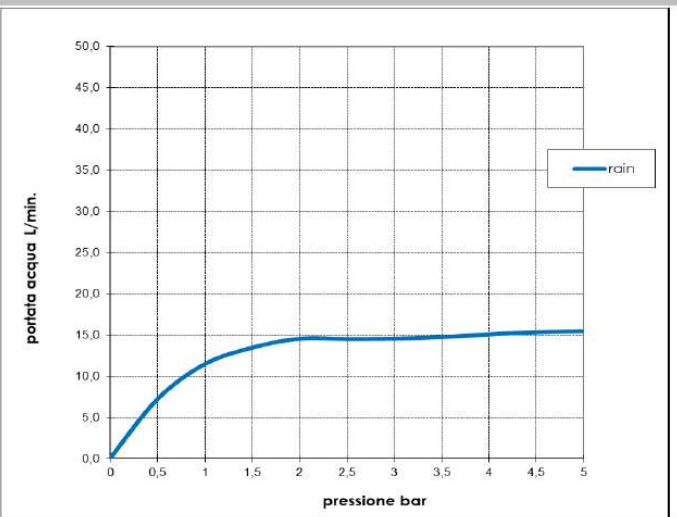

Codice - Code:
I00871
TETIS Ø 250 mm
Shower head

Tecnologia - Technology:

Descrizione - Description:
Soffione TETIS Ø 250 mm in acciaio inox
TETIS Ø 250 mm stainless steel shower head
TETIS Ø 250 mm Kopfbrause aus Edelstahl
Douche de tête TETIS Ø 250 mm en acier inox
Rociador TETIS Ø 250 mm acero inoxidable
Душевая лейка TETIS Ø 250 mm из стали inox

Immagine Prodotto - Product Image

Disegni - Drawings

Grafico di portata - Flow rate diagram

	rain
0	0,0
0,5	7,2
1	11,4
1,5	13,4
2	14,5
2,5	14,5
3	14,5
3,5	14,7
4	15,0
4,5	15,3
5	15,4
pressione bar	portata L/min

Caratteristiche idrauliche - Hydraulic features

		Pressione Pressure	Portata Flow rate	Solo per miscelatori termostatici Only for thermostatic mixers	
min		1 bar	11 L/min	Blocco di sicurezza Safety lock	--
max		5 bar	15 L/min	Temperatura acqua fredda Cold water temperature	--
Portata minima consigliata per buon funzionamento Recommended minimum flow-rate for optimal performance			10 L/min	Temperatura acqua calda Hot water temperature	--
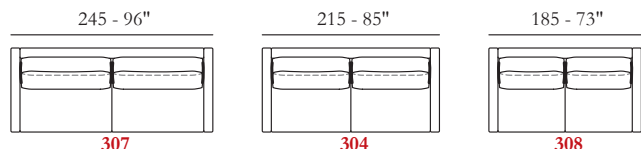

Patented model

mattress: cm. 200 x 156 H = 13  
79" x 61" H = 5"

dimensioni utili del letto  
useful size as a bed

Esempi di componibilità - Sectionals examples - Exemples de compositions - Ejemplos de modularidad

» ABOUT THIS EXERCISE:
Whatever the records hold apart from pictures should be repeated exactly.

» TASK OUTPUT:
Codice - Code:
I00871
TETIS Ø 250 mm
Shower head

Tecnologia - Technology:

Descrizione - Description:
Soffione TETIS Ø 250 mm in acciaio inox
TETIS Ø 250 mm stainless steel shower head
TETIS Ø 250 mm Kopfbrause aus Edelstahl
Douche de tête TETIS Ø 250 mm en acier inox
Rociador TETIS Ø 250 mm acero inoxidable
Душевая лейка TETIS Ø 250 mm из стали inox

Immagine Prodotto - Product Image

Disegni - Drawings

Grafico di portata - Flow rate diagram

	rain
0	0,0
0,5	7,2
1	11,4
1,5	13,4
2	14,5
2,5	14,5
3	14,5
3,5	14,7
4	15,0
4,5	15,3
5	15,4
pressione bar	portata L/min

Caratteristiche idrauliche - Hydraulic features

		Pressione Pressure	Portata Flow rate	Solo per miscelatori termostatici Only for thermostatic mixers	
min		1 bar	11 L/min	Blocco di sicurezza Safety lock	--
max		5 bar	15 L/min	Temperatura acqua fredda Cold water temperature	--
Portata minima consigliata per buon funzionamento Recommended minimum flow-rate for optimal performance			10 L/min	Temperatura acqua calda Hot water temperature	--

Patented model

mattress: cm. 200 x 156 H = 13  
79" x 61" H = 5"

dimensioni utili del letto  
useful size as a bed

Esempi di componibilità - Sectionals examples - Exemples de compositions - Ejemplos de modularidad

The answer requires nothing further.